Start of Block

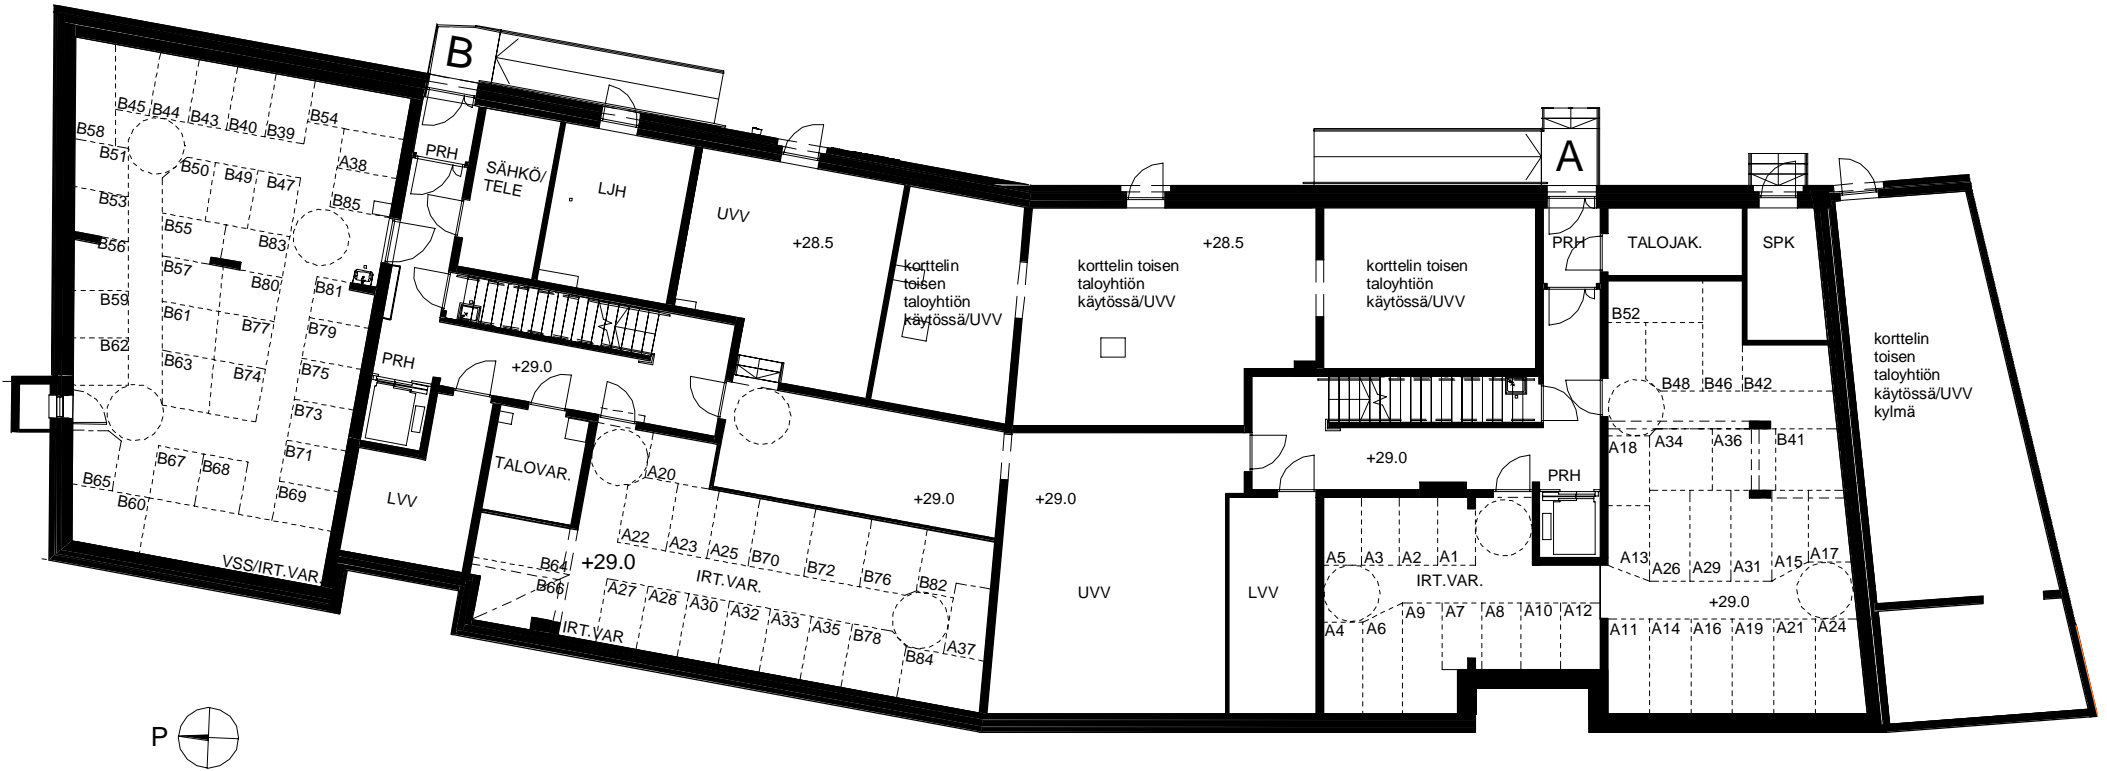

ASUNTO OY MYYRIN TERRA VANTAA

Iskospolku 4, 01600 Vantaa

KERROSPOHJA KELLARI

MITTAKAAVA 1:200 MUUTOKSET MAHDOLLISIA
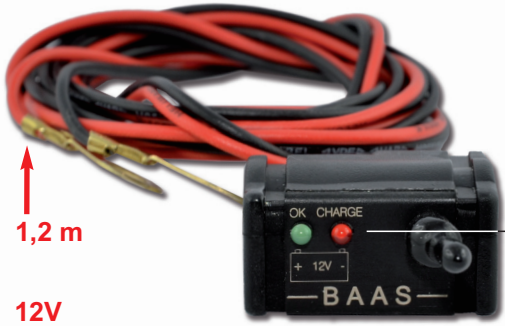

BA22

BAAS
bike parts

MOTORRAD Urteil: **SEHR GUT**
Ausgabe 13/2011

UNIVERSAL

- < 12,7 V
- 12,55 - 12,7 V
- 12,4 - 12,55 V
- 12,2 - 12,4 V
- > 12,2 V

FZG-BATTERIE-LADETESTER
 Kein Dauerstromverbrauch

VEHICLE BATTERY TESTER
 No permanent power consumption

TESTEUR DE BATTERIE DE VOITURE
 Pas d'alimentation permanente

VOERTUIG ACCU TESTER
 Geen permanente stroom

PROBADOR DE LA BATERIA
 Sin consume de energia continuo

TESTER BATTERIA
 Nessun consume di potenza continua
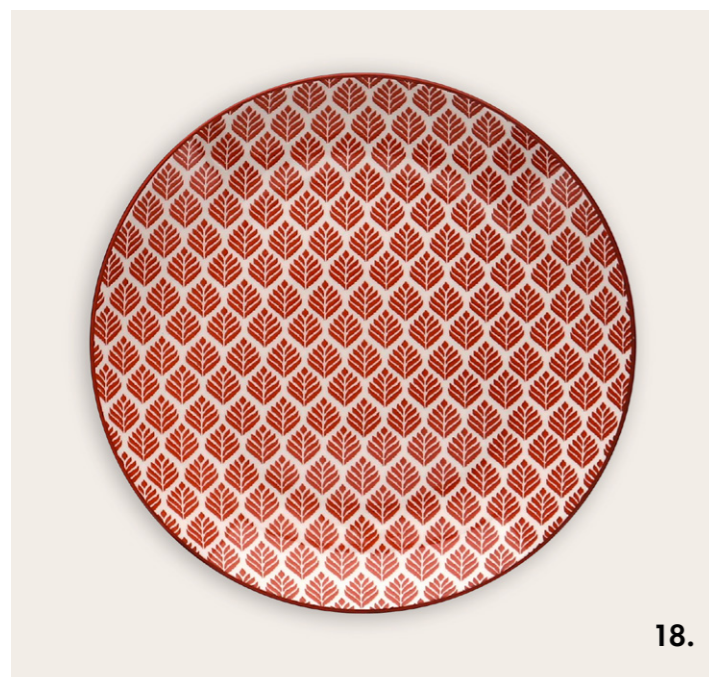

12. Lampe EMAIL en faïence émaillée abat-jour en coton 189,99 € - Pied de lampe : ø20x49 cm - Abat-jour : ø30x18 cm

13.

14.

15.

13. Bougeoirs ESTRAGON en verre : Bleu ø7x11 cm 7,99 € - Parme ø10x20,5 cm 15,99 € - Vert ø8x15,5 cm 9,99 € 14. Vase EMAIL ALLONGÉ en faïence émaillée ø20x40 cm 79,99 € 15. Fauteuil FRANGE en tissu polyester et bois 70,5x70,5xH90 cm 349,99 €

16.

17.

18.

19.

20.

16. Collection SODA en verre strié tilleul : Carafe ø8,2x9,5 cm 14,99 € - Verre à pied ø7,4x12,5 cm 9,99 € - Gobelet ø7x9 cm 9,99 €
 17. Tasse HOME bicolore en grès ø8,5x10,5 cm 7,99 € 18. Assiette GALM à dessert en porcelaine ø21 cm 5,99 € 19. Tasse GALM en porcelaine 25 cl 4,99 €
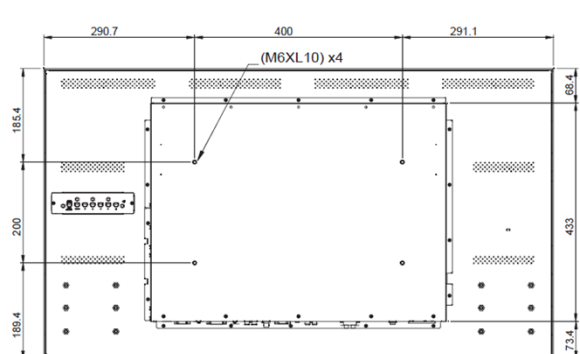

■外形図

■背面図

Net Weight : 24.8kg (w/o stand)

製品の仕様・デザインは予告なく変更することがあります。

Jul-18

株式会社スリーディー

154-0004 東京都世田谷区太子堂4-1-1キャロットタワー17F TEL:03-5431-5971 FAX:03-5431-5970 e-mail:info@3d-inc.co.jp
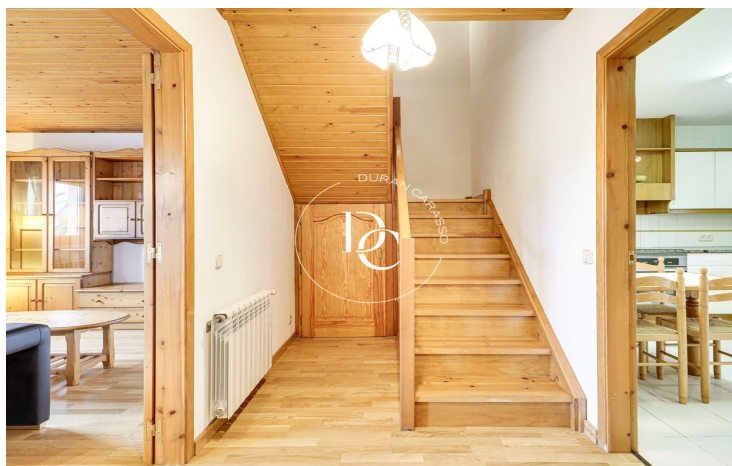

## CASA ADOSSADA EN VENDA AL CENTRE DE PUIGCERDA

Puigcerdà / La Cerdanya

<b>Preu</b>	<b>375.000 €</b>	✓ Calefacció	✓ Vistes a la muntanya
Sup. construïda	138 m <sup>2</sup>	✓ Jardí	✓ Traster
Sup. útil	138 m <sup>2</sup>	✓ Amoblat	✓ Parking
Habitacions	4	✓ Balcó	✓ Armaris encastats
Banys	3		
Classificació energètica	D		
Índex prestació energètica	241.00 kw h/m <sup>2</sup> any		
Classificació d'emissions	C		
Emissions	24.00 co/m <sup>2</sup> any		
Any de construcció	1989		
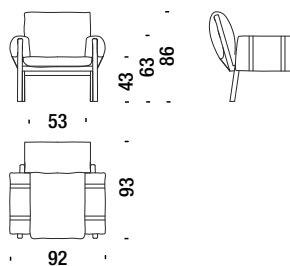

5,8 mt. ★ 9,3 m² 1 m³ 35 Kg

DLOF55

Cloudscape Chair piuma

Cloudscape Chair down - Cloudscape Chair Daune - Cloudscape Chair plume

5,8 mt. ★ 9,3 m² 1 m³ 35 Kg

DLOF05

Chubby Chic poltrona

Chubby Chic armchair - Chubby Chic sessel - Chubby Chic fauteuil

4,2 mt. ★ 6,6 m² 0,6 m³ 40 Kg

DLOF16

Strapped poltrona

Strapped armchair - Strapped Sessel - Strapped fauteuil

5,2 mt. ★ 10,3 m² 1 m³ 45 Kg **FSC® Certified**

DL3001

Longwave poltrona

Longwave armchair - Longwave Sessel - Longwave sessel

3,8 mt. ★ 6,3 m² 0,9 m³ 25 Kg **FSC® Certified**

DL2H05

Longwave poltrona girevole

Longwave swivel armchair - Longwave Drehsessel - Longwave fauteuil pivotant

3,8 mt. ★ 6,3 m² 0,9 m³ 40 Kg

DL2H24

Longwave poltrona girevole ricamata
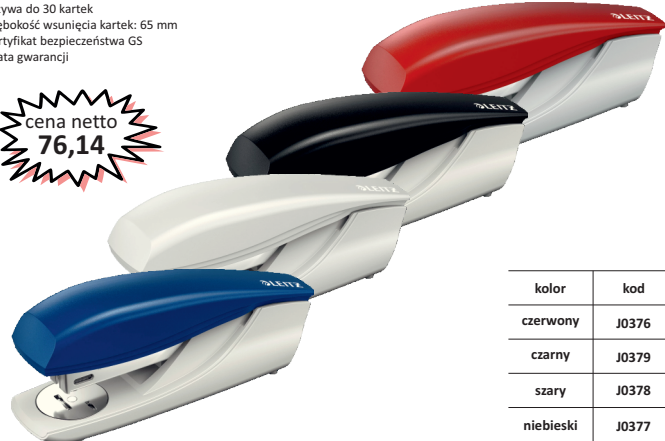

kolor	kod
czerwony	J0376
czarny	J0379
szary	J0378
niebieski	J0377

Dziurkacz średni Leitz New Nexxt 16k 5038

- Ergonomiczny, wygodny uchwyt i doskonale ostrza zmniejszają siłę nacisku przy dziurkowaniu
- Precyzyjny ogranicznik formatu
- Dziurkuje do 16 kartek
- Certyfikat bezpieczeństwa GS
- 10 lat gwarancji

cena netto 57,69
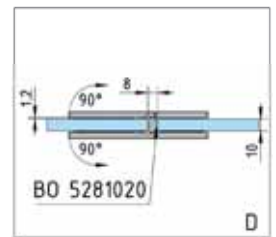

Glas-Glas 180° glasmontage
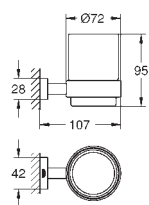

40 755 001

хром

35,00

Essentials Cube Стакан с держателем

стекло / металл
включает в себя:
держатель (40 508 001)
стакан (40 372 001)
скрытое крепление
GROHE StarLight хромированная поверхность
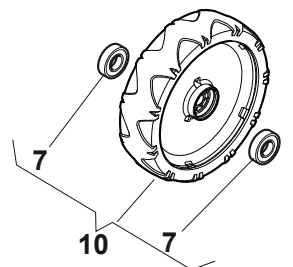

Bushing - Ø180

Ball Bearing - Ø180

DELTA Wheels

CRUISER Wheels

DELTA Wheels

CRUISER Wheels

DELTA Wheels

CRUISER Wheels

DELTA Wheels

CRUISER Wheels

Bushing - Ø240

Ball Bearing - Ø240

Wheels							
POS	PART. NO	Q.ty	DESCRIPTION	DESCRIZIONE	DESCRIPTION	BESCHREIBUNG	REMARKS
1	381007443/1	2	Wheel Ø 240	Ruota Ø 240	Roue Ø 240	Rad Ø 240	
2	322042064/0	8	Bush	Bussola	Douille	Büchse	
3	381007442/1	2	Wheel Ø 180	Ruota Ø 180	Roue Ø 180	Rad Ø 180	
4	381007446/1	2	Wheel Ø 240	Ruota Ø 240	Roue Ø 240	Rad Ø 240	
5	381007444/1	2	Wheel Ø 180	Ruota Ø 180	Roue Ø 180	Rad Ø 180	
6	381007448/1	2	Wheel Ø 180	Ruota Ø 180	Roue Ø 180	Rad Ø 180	
7	119216035/0	8	Bearing	Cuscinetto	Coussinet	Lager	
8	381007449/1	2	Wheel Ø 240	Ruota Ø 240	Roue Ø 240	Rad Ø 240	
9	381007450/1	2	Wheel Ø 180	Ruota Ø 180	Roue Ø 180	Rad Ø 180	
10	381007456/1	2	Wheel Ø 240	Ruota Ø 240	Roue Ø 240	Rad Ø 240	
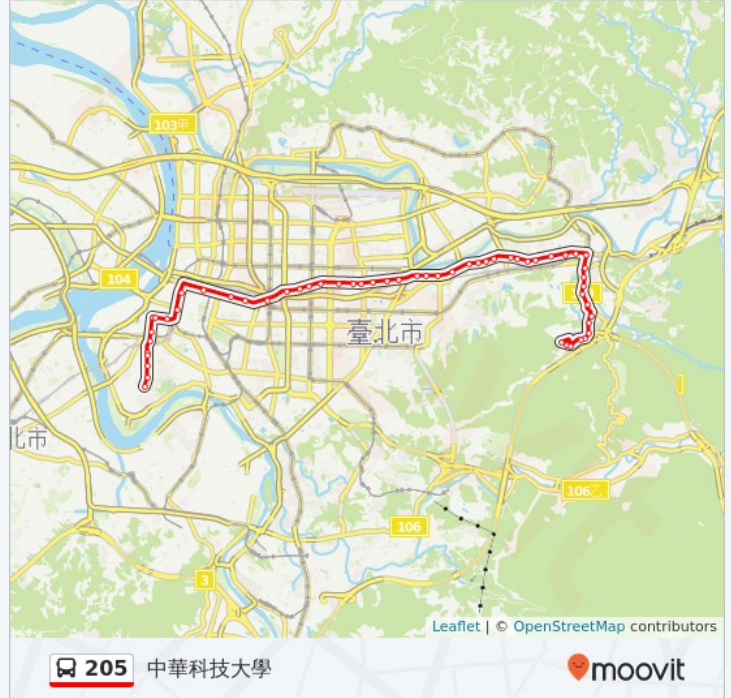

華山文創園區

1 6 8 號 忠孝東路一段, Taipei

臺北科技大學

90 八德路一段, Taipei

進安公園

1 3 3 號 八德路二段, Taipei

中影八德大樓

2 6 0 號 八德路二段, Taipei

中崙

3 2 4 號 八德路二段, Taipei

臺安醫院

3 8 2 號 八德路二段, Taipei

臺視

2 0 號 八德路三段, Taipei

美仁里

1 4 6 號 八德路三段, Taipei

光復路口

2 1 4 號 八德路三段, Taipei

臺北市區監理所

5 6 號 八德路四段, Taipei

京華城

1 9 0 號 八德路四段, Taipei

新聚里

2 9 0 號 八德路四段, Taipei

饒河街觀光夜市(八德)

5 6 8 號 八德路四段, Taipei

松山農會

6 2 2 號 八德路四段, Taipei

松山車站(八德)

6 9 2 號 八德路四段, Taipei

玉成里

8 0 0 號 八德路四段, Taipei

松山磚廠

1 3 7 號 南港路三段, Taipei

南港路三段

9 7 號 南港路三段, Taipei

中華賓士

1 0 6 號 南港路三段, Taipei

玉成國小

7 號 南港路三段, Taipei

土地公廟

1 3 9 號 南港路二段, Taipei

End of Block

=== TASK TO CARRY OUT ===
Without the pictures, restate all of the entries above verbatim.

=== TASK SOLUTION ===
ASUNTO OY MYYRIN TERRA VANTAA

Iskospolku 4, 01600 Vantaa

KERROSPOHJA KELLARI

MITTAKAAVA 1:200 MUUTOKSET MAHDOLLISIA

BA22

BAAS
bike parts

MOTORRAD Urteil: **SEHR GUT**
Ausgabe 13/2011

UNIVERSAL

- < 12,7 V
- 12,55 - 12,7 V
- 12,4 - 12,55 V
- 12,2 - 12,4 V
- > 12,2 V

FZG-BATTERIE-LADETESTER
 Kein Dauerstromverbrauch

VEHICLE BATTERY TESTER
 No permanent power consumption

TESTEUR DE BATTERIE DE VOITURE
 Pas d'alimentation permanente

VOERTUIG ACCU TESTER
 Geen permanente stroom

PROBADOR DE LA BATERIA
 Sin consume de energia continuo

TESTER BATTERIA
 Nessun consume di potenza continua

12. Lampe EMAIL en faïence émaillée abat-jour en coton 189,99 € - Pied de lampe : ø20x49 cm - Abat-jour : ø30x18 cm

13.

14.

15.

13. Bougeoirs ESTRAGON en verre : Bleu ø7x11 cm 7,99 € - Parme ø10x20,5 cm 15,99 € - Vert ø8x15,5 cm 9,99 € 14. Vase EMAIL ALLONGÉ en faïence émaillée ø20x40 cm 79,99 € 15. Fauteuil FRANGE en tissu polyester et bois 70,5x70,5xH90 cm 349,99 €

16.

17.

18.

19.

20.

16. Collection SODA en verre strié tilleul : Carafe ø8,2x9,5 cm 14,99 € - Verre à pied ø7,4x12,5 cm 9,99 € - Gobelet ø7x9 cm 9,99 €
 17. Tasse HOME bicolore en grès ø8,5x10,5 cm 7,99 € 18. Assiette GALM à dessert en porcelaine ø21 cm 5,99 € 19. Tasse GALM en porcelaine 25 cl 4,99 €

■外形図

■背面図

Net Weight : 24.8kg (w/o stand)

製品の仕様・デザインは予告なく変更することがあります。

Jul-18

株式会社スリーディー

154-0004 東京都世田谷区太子堂4-1-1キャロットタワー17F TEL:03-5431-5971 FAX:03-5431-5970 e-mail:info@3d-inc.co.jp

## CASA ADOSSADA EN VENDA AL CENTRE DE PUIGCERDA

Puigcerdà / La Cerdanya

<b>Preu</b>	<b>375.000 €</b>	✓ Calefacció	✓ Vistes a la muntanya
Sup. construïda	138 m <sup>2</sup>	✓ Jardí	✓ Traster
Sup. útil	138 m <sup>2</sup>	✓ Amoblat	✓ Parking
Habitacions	4	✓ Balcó	✓ Armaris encastats
Banys	3		
Classificació energètica	D		
Índex prestació energètica	241.00 kw h/m <sup>2</sup> any		
Classificació d'emissions	C		
Emissions	24.00 co/m <sup>2</sup> any		
Any de construcció	1989		

5,8 mt. ★ 9,3 m² 1 m³ 35 Kg

DLOF55

Cloudscape Chair piuma

Cloudscape Chair down - Cloudscape Chair Daune - Cloudscape Chair plume

5,8 mt. ★ 9,3 m² 1 m³ 35 Kg

DLOF05

Chubby Chic poltrona

Chubby Chic armchair - Chubby Chic sessel - Chubby Chic fauteuil

4,2 mt. ★ 6,6 m² 0,6 m³ 40 Kg

DLOF16

Strapped poltrona

Strapped armchair - Strapped Sessel - Strapped fauteuil

5,2 mt. ★ 10,3 m² 1 m³ 45 Kg **FSC® Certified**

DL3001

Longwave poltrona

Longwave armchair - Longwave Sessel - Longwave sessel

3,8 mt. ★ 6,3 m² 0,9 m³ 25 Kg **FSC® Certified**

DL2H05

Longwave poltrona girevole

Longwave swivel armchair - Longwave Drehsessel - Longwave fauteuil pivotant

3,8 mt. ★ 6,3 m² 0,9 m³ 40 Kg

DL2H24

Longwave poltrona girevole ricamata

kolor	kod
czerwony	J0376
czarny	J0379
szary	J0378
niebieski	J0377

Dziurkacz średni Leitz New Nexxt 16k 5038

- Ergonomiczny, wygodny uchwyt i doskonale ostrza zmniejszają siłę nacisku przy dziurkowaniu
- Precyzyjny ogranicznik formatu
- Dziurkuje do 16 kartek
- Certyfikat bezpieczeństwa GS
- 10 lat gwarancji

cena netto 57,69

Glas-Glas 180° glasmontage

40 755 001

хром

35,00

Essentials Cube Стакан с держателем

стекло / металл
включает в себя:
держатель (40 508 001)
стакан (40 372 001)
скрытое крепление
GROHE StarLight хромированная поверхность

Bushing - Ø180

Ball Bearing - Ø180

DELTA Wheels

CRUISER Wheels

DELTA Wheels

CRUISER Wheels

DELTA Wheels

CRUISER Wheels

DELTA Wheels

CRUISER Wheels

Bushing - Ø240

Ball Bearing - Ø240

Wheels							
POS	PART. NO	Q.ty	DESCRIPTION	DESCRIZIONE	DESCRIPTION	BESCHREIBUNG	REMARKS
1	381007443/1	2	Wheel Ø 240	Ruota Ø 240	Roue Ø 240	Rad Ø 240	
2	322042064/0	8	Bush	Bussola	Douille	Büchse	
3	381007442/1	2	Wheel Ø 180	Ruota Ø 180	Roue Ø 180	Rad Ø 180	
4	381007446/1	2	Wheel Ø 240	Ruota Ø 240	Roue Ø 240	Rad Ø 240	
5	381007444/1	2	Wheel Ø 180	Ruota Ø 180	Roue Ø 180	Rad Ø 180	
6	381007448/1	2	Wheel Ø 180	Ruota Ø 180	Roue Ø 180	Rad Ø 180	
7	119216035/0	8	Bearing	Cuscinetto	Coussinet	Lager	
8	381007449/1	2	Wheel Ø 240	Ruota Ø 240	Roue Ø 240	Rad Ø 240	
9	381007450/1	2	Wheel Ø 180	Ruota Ø 180	Roue Ø 180	Rad Ø 180	
10	381007456/1	2	Wheel Ø 240	Ruota Ø 240	Roue Ø 240	Rad Ø 240	

華山文創園區

1 6 8 號 忠孝東路一段, Taipei

臺北科技大學

90 八德路一段, Taipei

進安公園

1 3 3 號 八德路二段, Taipei

中影八德大樓

2 6 0 號 八德路二段, Taipei

中崙

3 2 4 號 八德路二段, Taipei

臺安醫院

3 8 2 號 八德路二段, Taipei

臺視

2 0 號 八德路三段, Taipei

美仁里

1 4 6 號 八德路三段, Taipei

光復路口

2 1 4 號 八德路三段, Taipei

臺北市區監理所

5 6 號 八德路四段, Taipei

京華城

1 9 0 號 八德路四段, Taipei

新聚里

2 9 0 號 八德路四段, Taipei

饒河街觀光夜市(八德)

5 6 8 號 八德路四段, Taipei

松山農會

6 2 2 號 八德路四段, Taipei

松山車站(八德)

6 9 2 號 八德路四段, Taipei

玉成里

8 0 0 號 八德路四段, Taipei

松山磚廠

1 3 7 號 南港路三段, Taipei

南港路三段

9 7 號 南港路三段, Taipei

中華賓士

1 0 6 號 南港路三段, Taipei

玉成國小

7 號 南港路三段, Taipei

土地公廟

1 3 9 號 南港路二段, Taipei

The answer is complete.